Search the material for lines containing the word "Channel", and copy each one.

Data section:
↓↓↓
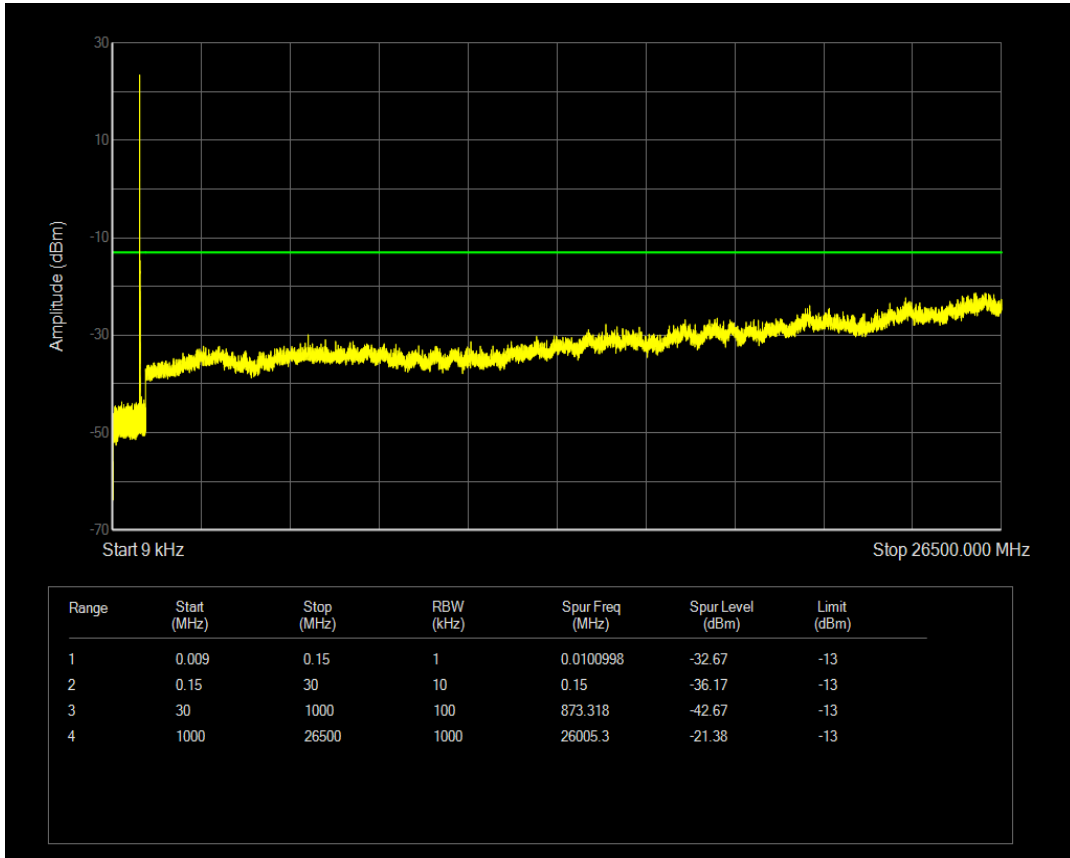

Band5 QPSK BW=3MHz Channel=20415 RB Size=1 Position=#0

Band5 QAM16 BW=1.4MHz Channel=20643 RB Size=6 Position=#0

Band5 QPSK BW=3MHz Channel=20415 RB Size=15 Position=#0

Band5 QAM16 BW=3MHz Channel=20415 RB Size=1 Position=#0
↑↑↑
↓↓↓
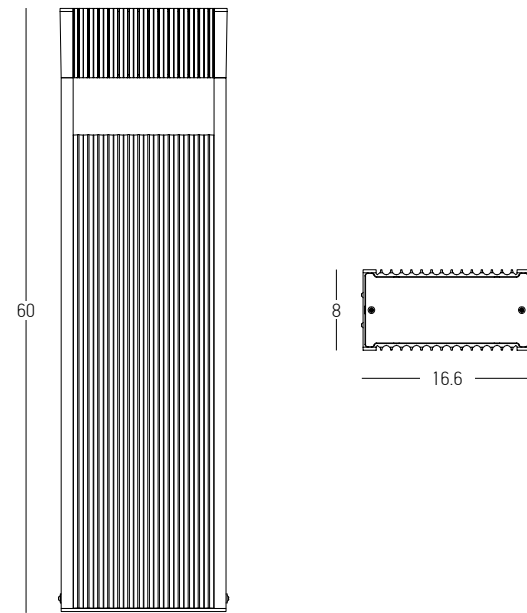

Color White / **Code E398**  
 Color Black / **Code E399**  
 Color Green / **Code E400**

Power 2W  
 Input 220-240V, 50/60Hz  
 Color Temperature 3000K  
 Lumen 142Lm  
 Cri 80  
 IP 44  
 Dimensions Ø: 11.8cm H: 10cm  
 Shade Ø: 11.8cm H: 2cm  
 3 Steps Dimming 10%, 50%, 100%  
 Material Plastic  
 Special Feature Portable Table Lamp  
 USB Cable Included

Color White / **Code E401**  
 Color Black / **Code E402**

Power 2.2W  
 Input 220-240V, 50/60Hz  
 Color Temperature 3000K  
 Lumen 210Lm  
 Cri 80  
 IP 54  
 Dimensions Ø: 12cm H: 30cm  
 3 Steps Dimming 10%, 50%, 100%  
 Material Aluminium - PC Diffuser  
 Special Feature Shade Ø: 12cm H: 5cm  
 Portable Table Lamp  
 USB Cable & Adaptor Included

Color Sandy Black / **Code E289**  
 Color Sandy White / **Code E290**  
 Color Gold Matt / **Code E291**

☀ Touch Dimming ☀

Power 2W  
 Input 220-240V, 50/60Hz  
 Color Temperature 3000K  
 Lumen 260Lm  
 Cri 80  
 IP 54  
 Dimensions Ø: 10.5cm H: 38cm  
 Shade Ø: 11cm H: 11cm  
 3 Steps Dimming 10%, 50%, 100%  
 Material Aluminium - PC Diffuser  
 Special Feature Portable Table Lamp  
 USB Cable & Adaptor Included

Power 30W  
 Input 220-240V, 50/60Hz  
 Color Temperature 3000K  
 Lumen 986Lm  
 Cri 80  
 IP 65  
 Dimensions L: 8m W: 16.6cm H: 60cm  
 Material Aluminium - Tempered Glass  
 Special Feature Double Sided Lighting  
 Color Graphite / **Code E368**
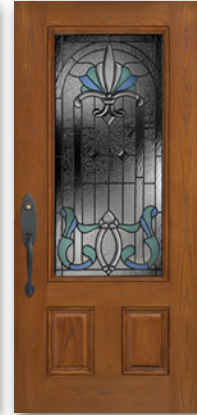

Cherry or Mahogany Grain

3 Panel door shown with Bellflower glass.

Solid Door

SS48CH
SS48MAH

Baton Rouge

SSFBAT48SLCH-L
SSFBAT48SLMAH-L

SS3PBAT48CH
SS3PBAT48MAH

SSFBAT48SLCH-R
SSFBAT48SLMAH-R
↑↑↑
↓↓↓
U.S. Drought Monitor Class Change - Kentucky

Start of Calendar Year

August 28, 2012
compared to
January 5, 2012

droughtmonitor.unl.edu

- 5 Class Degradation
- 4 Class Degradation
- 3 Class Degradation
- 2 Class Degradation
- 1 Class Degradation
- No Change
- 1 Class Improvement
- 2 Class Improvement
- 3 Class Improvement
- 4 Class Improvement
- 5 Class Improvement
↑↑↑
Task output:
Band5 QPSK BW=3MHz Channel=20415 RB Size=1 Position=#0
Band5 QAM16 BW=1.4MHz Channel=20643 RB Size=6 Position=#0
Band5 QPSK BW=3MHz Channel=20415 RB Size=15 Position=#0
Band5 QAM16 BW=3MHz Channel=20415 RB Size=1 Position=#0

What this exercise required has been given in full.